_Problem to work on:_
Pictures stay out of your copy, but everything else in the records below must be repeated exactly.

_Input for this task:_
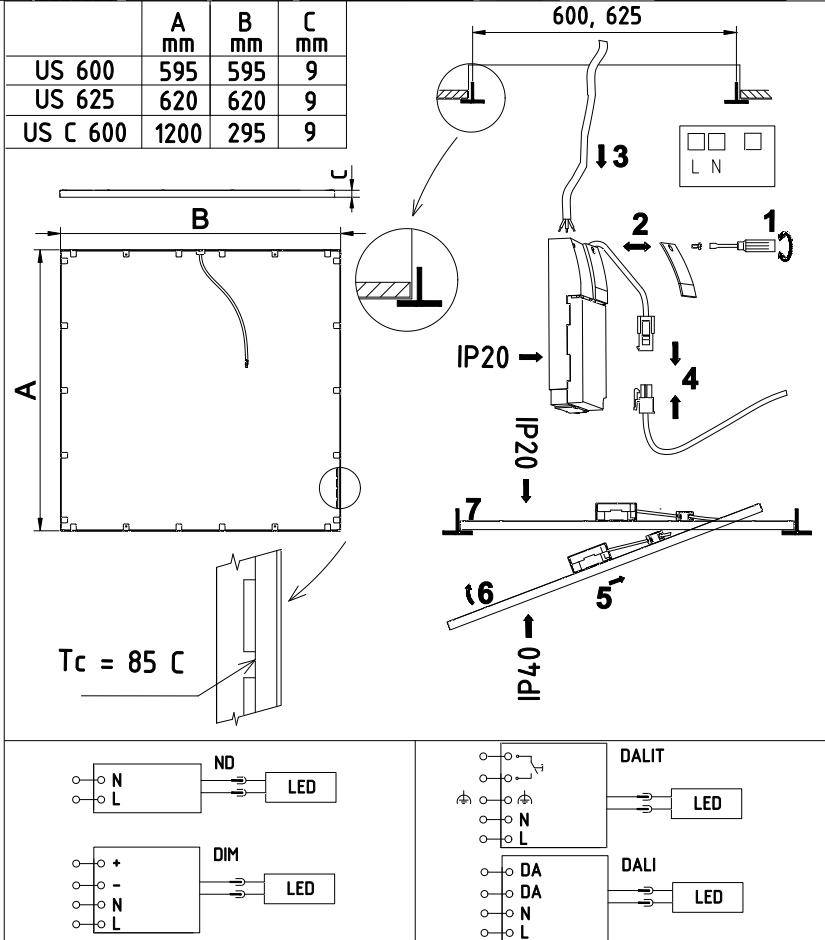

US

Kód výř. 1740001120

• Directions for use • Návod k použití • Návod k použití • Bedienungsanleitung • Instrukcja montażu oprawy • Használati utasítás • Lietošanas pamācība • Naudojimosi instrukcija • Kasutamisujuhend • Instructiuni de folosire • Uputstvo za upotrebu • Navodilo za uporabo • Monteringsanvisning • Угъдване • Manual de instrucciones • Gebruiksaanwijzing • Mode d'emploi • Istruzioni per l'uso • Monteringsveledning • Modo de empleo • NEAKATEYΘYΝΣΗΤΙΑΧΡΗΣΗ

Upozornění! Montáž svítidla smí provádět pouze odborná elektromontážní firma nebo osoba s elektrotechnickou kvalifikací.
Attention! The lighting unit may only be assembled by a skilled firm or by person with electrotechnical qualification.
Sicherheitshinweis! Die Montage und die elektrische Installation der Leuchte muss von einer Elektrofachkraft durchgeführt werden.

_Result:_
US

Kód výř. 1740001120

• Directions for use • Návod k použití • Návod k použití • Bedienungsanleitung • Instrukcja montażu oprawy • Használati utasítás • Lietošanas pamācība • Naudojimosi instrukcija • Kasutamisujuhend • Instructiuni de folosire • Uputstvo za upotrebu • Navodilo za uporabo • Monteringsanvisning • Угъдване • Manual de instrucciones • Gebruiksaanwijzing • Mode d'emploi • Istruzioni per l'uso • Monteringsveledning • Modo de empleo • NEAKATEYΘYΝΣΗΤΙΑΧΡΗΣΗ

Upozornění! Montáž svítidla smí provádět pouze odborná elektromontážní firma nebo osoba s elektrotechnickou kvalifikací.
Attention! The lighting unit may only be assembled by a skilled firm or by person with electrotechnical qualification.
Sicherheitshinweis! Die Montage und die elektrische Installation der Leuchte muss von einer Elektrofachkraft durchgeführt werden.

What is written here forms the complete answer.